Task statement: Give the lines again, unchanged, starting with the line containing "set 25 mm for" and ending with the last line of the data below.

Data for this exercise:
BEGIN

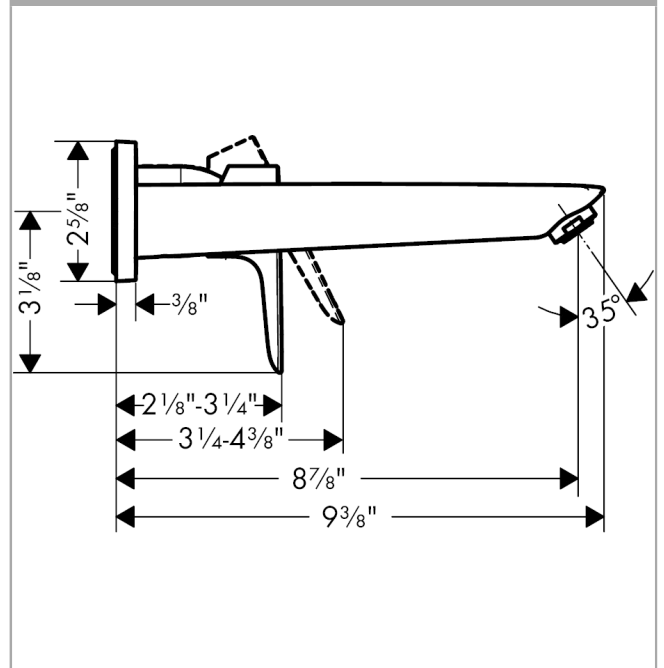

**Talis E**  
**Wall-Mounted Single-Handle Faucet Trim, 1.2 GPM**  
 Finishes : **brushed nickel** Part no. : **71734821**

**Description**

**Features**

- Aerated spray
- Flow: 1.2 GPM (4.5 L/Min)
- Ceramic cartridge

**Item details**

List Price \$ 328.00

**Technology**

**Compliance**

**Product image**

**Scale drawing**

**Talis E**  
**Wall-Mounted Single-Handle Faucet Trim, 1.2 GPM**  
 Finishes : **brushed nickel** Part no. : **71734821**

Exploded drawing

Year of production: >10/16

**Talis E**  
**Wall-Mounted Single-Handle Faucet Trim, 1.2 GPM**  
 Finishes : **brushed nickel** Part no. : **71734821**

### Spare parts list

Year of production: >10/16

Pos.	Description	Part no.	Price	PU
1	connecting thread G½	95626000	-	1
2	O-ring 13x2	98128000	-	1
3	escutcheon	92239820	-	1
4	O-ring 43x3	98418000	-	1
5	O-ring 41x2	98212000	-	1
6	adapter for cartridge	95779000	-	1
7	O-ring 26x2	98147000	-	1
8	cartridge, assy	95646001	-	1
9	seal	95008000	-	1
10	locking screw for handle	95140000	-	1
11	nut	95622000	-	1
12	O-ring 39x1,5	98400000	-	1
13	sleeve	98790820	-	1
14	handle	92666820	-	1
15	screw cover	96338000	-	1
16	spout 225 mm	92714820	-	1
17	extension set 25 mm for 13622180	31971000	-	1
a	aerator M24x1 (4,5 l/min)	92812820	-	1

END

Completed task:
17	extension set 25 mm for 13622180	31971000	-	1
a	aerator M24x1 (4,5 l/min)	92812820	-	1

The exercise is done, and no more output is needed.